Saved data entries
---
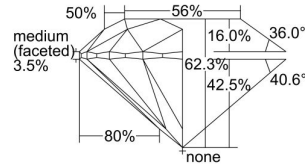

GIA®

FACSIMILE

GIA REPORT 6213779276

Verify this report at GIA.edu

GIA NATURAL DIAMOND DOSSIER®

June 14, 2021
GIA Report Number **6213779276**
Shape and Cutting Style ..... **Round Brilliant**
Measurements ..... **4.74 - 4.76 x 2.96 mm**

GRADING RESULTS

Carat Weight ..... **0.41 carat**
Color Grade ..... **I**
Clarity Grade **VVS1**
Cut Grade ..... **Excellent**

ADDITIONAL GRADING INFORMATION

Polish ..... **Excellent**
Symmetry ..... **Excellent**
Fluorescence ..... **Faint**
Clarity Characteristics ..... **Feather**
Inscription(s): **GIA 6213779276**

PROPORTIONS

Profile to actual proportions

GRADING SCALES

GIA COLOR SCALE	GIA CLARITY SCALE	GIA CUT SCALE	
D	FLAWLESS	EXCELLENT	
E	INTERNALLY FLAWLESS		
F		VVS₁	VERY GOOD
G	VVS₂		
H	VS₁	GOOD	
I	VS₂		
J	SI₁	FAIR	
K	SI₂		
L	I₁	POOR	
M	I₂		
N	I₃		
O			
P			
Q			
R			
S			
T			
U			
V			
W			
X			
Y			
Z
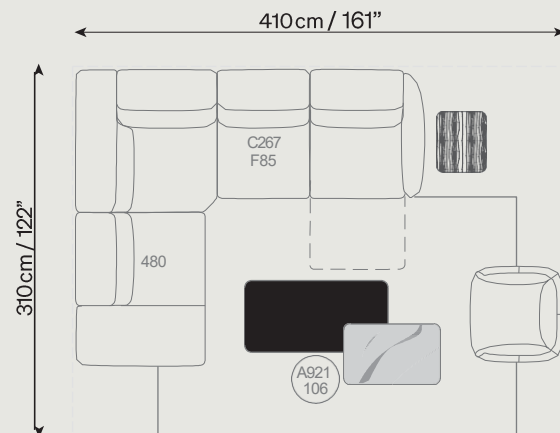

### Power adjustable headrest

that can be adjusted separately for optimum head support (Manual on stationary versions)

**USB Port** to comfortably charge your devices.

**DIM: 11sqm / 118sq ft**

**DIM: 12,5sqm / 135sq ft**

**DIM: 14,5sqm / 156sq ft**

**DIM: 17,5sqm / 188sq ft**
---
▸ EXERCISE DIRECTIONS
Each line of the data that holds "GRADING" should be reported.

▸ ANSWER SPACE
GRADING RESULTS
ADDITIONAL GRADING INFORMATION
GRADING SCALES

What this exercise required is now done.